Require your people to use 2FA and how to reset 2FA devices
2FA Required Mode
To ensure your users have secure accounts, you can require users to enable 2FA before they can access TopLeft.
In this mode, users cannot access Kanban boards without first enabling 2FA for their accounts. When a user without 2FA tries to access a board, they are shown an error message and a prompt to enable 2FA.
When using SSO, we recommend not requiring 2FA, because your SSO provider will have its own 2FA mechanism.
To require 2FA, follow these steps.
- As an administrator, click the gear icon in the main menu. Under Other Stuff, click Advanced Options.
- Find SECURITY_TWO_FACTOR_AUTH_REQUIRED_MODE and check the box in the Value column.
- At the bottom of the page, click Save.
Find Which Users Have 2FA
You can check which users have enabled 2FA.
- Navigate to Admin > Users.
- Review the list of users. A checkmark in the 2FA column means the user has configured 2FA.

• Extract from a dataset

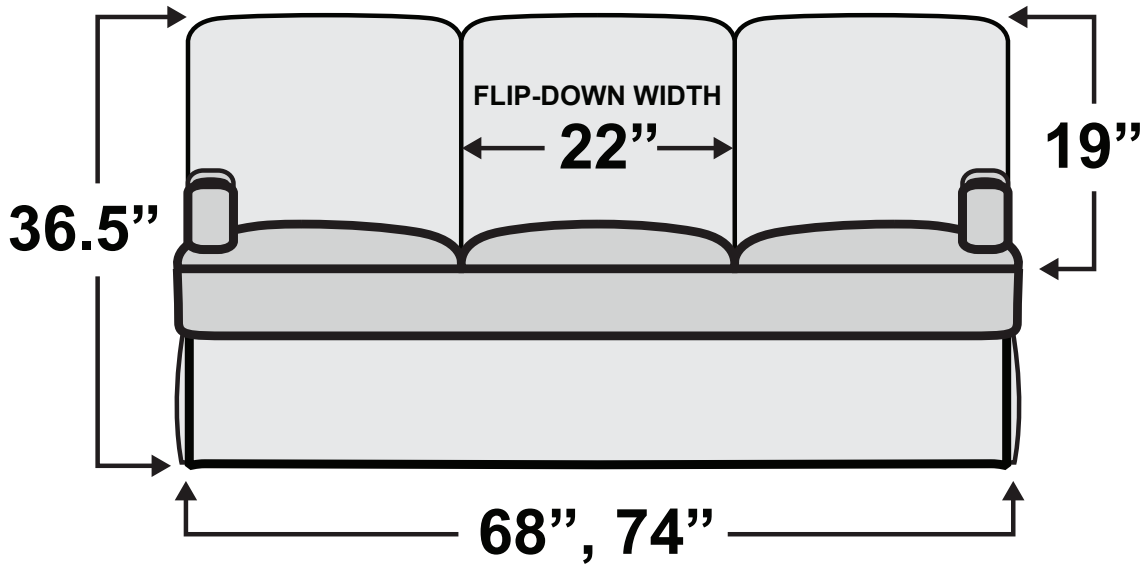

## Modesto Console SL Sofa Bed

### Measurements & Seat Dimensions

Minimum Distance Required from Wall: **1"**

Reset Two Factor Authentication Device
If a user loses their 2FA device, you can disable 2FA for their account so they can log in and re-enable it.
To remove 2FA from a user account, follow these steps.
- Navigate to Admin > Advanced Options.
- In the menu on the left, scroll to the bottom and click TOTP devices.
- Click the name of the user whose 2FA device you want to remove.
- Scroll to the bottom of the page and click Delete.
The user's 2FA has now been disabled. They can log into TopLeft and re-enable their 2FA.